# [PUBPOL/ETHSTD C164A] 5. Survey Analysis

**Notebook developed by:** <br>
Team Lead: Skye Pickett  <br>
Module Developers: Leah Hong, Emily Guo, Reynolds Zhang <br>

### Learning Outcome

In this notebook, you will apply the skills you've learned in the previous 4 notebooks and 1 future notebook to clean and conduct explatory analysis on your own survey data. We will provide guidance on importing your data and setting up basic analysis, but the rest is up to your ideas and your new coding knowledge!
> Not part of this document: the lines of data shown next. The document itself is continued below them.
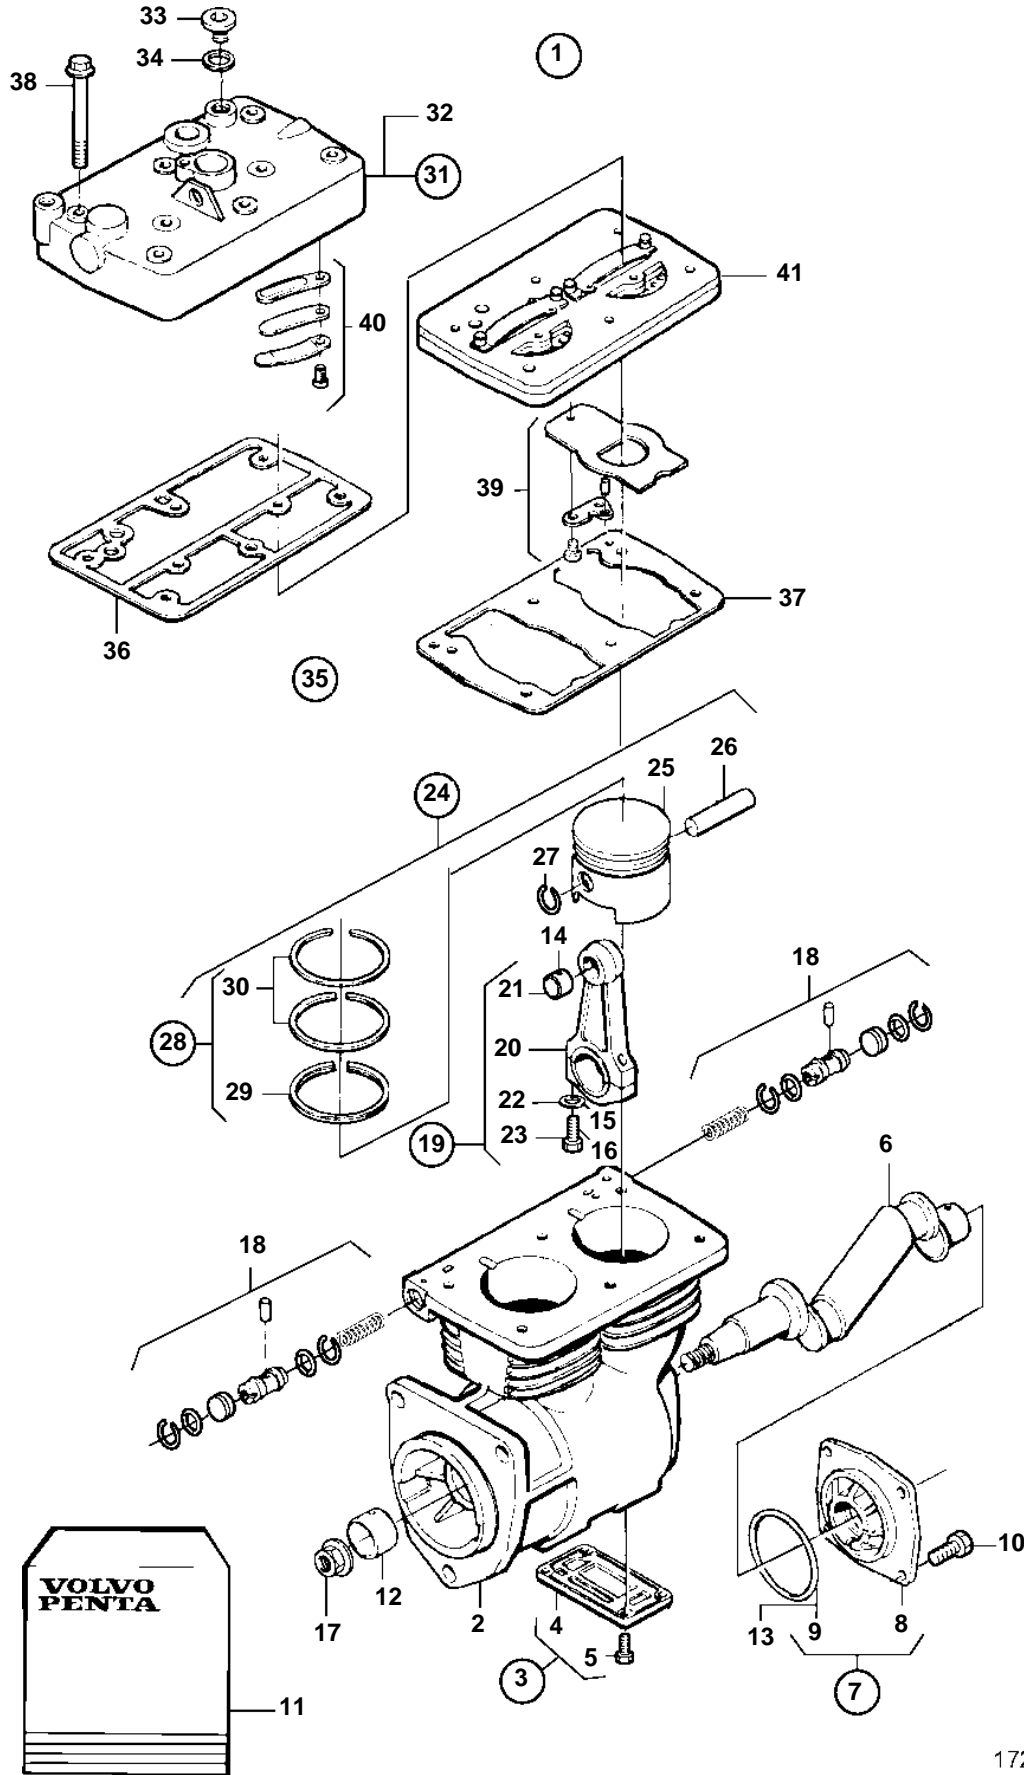

TWD610P, TWD710P, TAD730P

17266

TWD610P, TWD710P, TAD730P

REF	PART NO.	QTY	DESCRIPTION	NOTES
1	8150407	1	Compressor	KNORR LP48 ESS
	3803262	1	Compressor, exch, exch	KNORR LP48 ESS
2		1	· Housing	
3	3090382	2	· Repair kit	COMPL REPL BY 3095842
4	3095842	1	· · Cover	
5		4	· · · Screw	
6		1	· Crankshaft	
	3095842	1	Cover	
7	3090385	1	· Bearing cover	
8		1	· · Cover	
9	1697093	1	· · · O-ring	
10	965215	4	· Screw	
11	3090383	1	· Repair kit	
12		2	· · Bushing	
13	1697093	1	· · · O-ring	
14		2	· · Bushing	
15		4	· · · Washer	
16		4	· · · Screw	
17		1	· Nut	
18	3097147	2	· Repair kit, with pistons	
19		2	· Connecting rod	
20		1	· · Connecting rod	
21		1	· · · Bushing	
22		2	· · · Washer	
23		2	· · · Screw	
24		2	· Piston kit	
25		1	· · Piston	
26		1	· · · Piston pin	
27		2	· · Snap ring	
28	3090388	1	· · Piston ring kit	
29		1	· · · Piston ring	
30		2	· · · Piston ring	
31		1	· Cylinder head	
32		1	· · Cylinder head	
33		1	· · Plug	
34		1	· · Sealing ring	
35	3090377	1	· Gasket kit	
36		1	· · Gasket	
37		1	· · Gasket	
38		6	· · Screw	
39	3091740	1	· Valve kit, inlet valve	(3090379)
40	3091591	1	· Valve kit, inlet	
41		1	· Valve body	
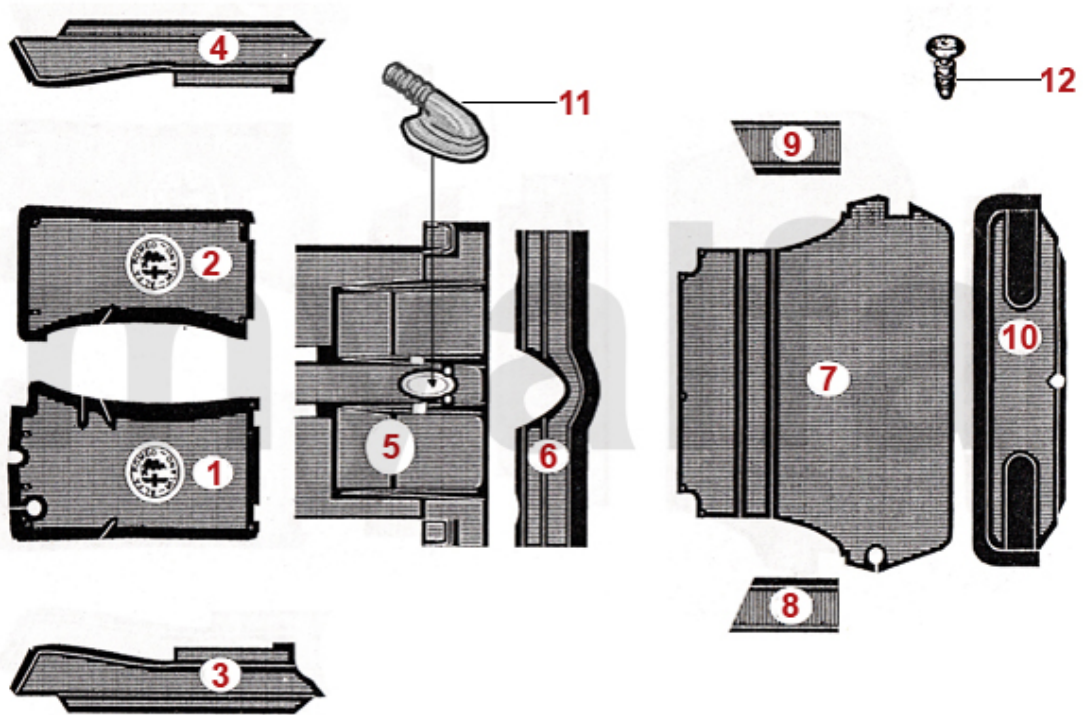

1	1791791	Gummimatte Fußraum Spider Bj.1970-80 links hängende Pedale	1.280,25 SEK
2	1791792	Gummimatte Fußraum Spider Bj.1966-80 rechts	1.280,25 SEK
3	1791751	Gummimatte Schweller Spider Bj.1966-80 links	1.282,61 SEK
4	1791752	Gummimatte Schweller Spider Bj.1966-80 rechts	1.282,61 SEK
5	1791930	Gummimatte Fußraum Spider Bj.1970-80 hinten	2.681,76 SEK
6	1791800	Gummimatte Traverse / Boden Spider Bj.1970-80	1.970,53 SEK
7	1791780	Gummimatte Kofferraumboden Spider Bj.1970-80	2.681,76 SEK
8	1791921	Gummimatte Kofferraum Spider Bj.1970-80 links	466,34 SEK
9	1791922	Gummimatte Kofferraum Spider Bj.1970-80 rechts	466,34 SEK
10	1791940	Gummimatte Heckblech Spider Bj.1970-80	1.922,66 SEK
11	1761650	Handbremshebelabdeckung Spider Bj.1966-79 Gummi	921,16 SEK
12	1793330	Clip Gummimatten Kofferraum	34,97 SEK
13	1791840	Gummimattensatz Spider Bj.1970-80, 10-teilig	11.053,38 SEK

Open up previous notebooks for reference and, as always, some resources are provided below.

***

### Helpful Data Science Resources 
Here are some resources you can check out while doing this notebook and to explore data visualization further!
- [DATA 8 Textbook](https://inferentialthinking.com/chapters/06/Tables.html) - Tables chapter
- [DATA 8 Textbook](https://inferentialthinking.com/chapters/07/Visualization.html) - Visualization chapter
- [DATA 8 Textbook](https://inferentialthinking.com/chapters/03/1/Expressions.html) - Expressions and Notebook 1 content
- **[Reference Sheet for the datascience Module](http://data8.org/sp22/python-reference.html)**
- [Documentation for the datascience Modules](http://data8.org/datascience/index.html)
- [Cool Data Visualizations](https://www.tableau.com/learn/articles/best-beautiful-data-visualization-examples)
- [Statistica: Find Data on Interesting Topics](https://www.statista.com/)
- [Exploratory Data Analysis](https://en.wikipedia.org/wiki/Exploratory_data_analysis)


### Peer Consulting

If you find yourself having trouble with any content in this notebook, Data Peer Consultants are an excellent resource! Click [here](https://dlab.berkeley.edu/training/frontdesk-info) to locate live help.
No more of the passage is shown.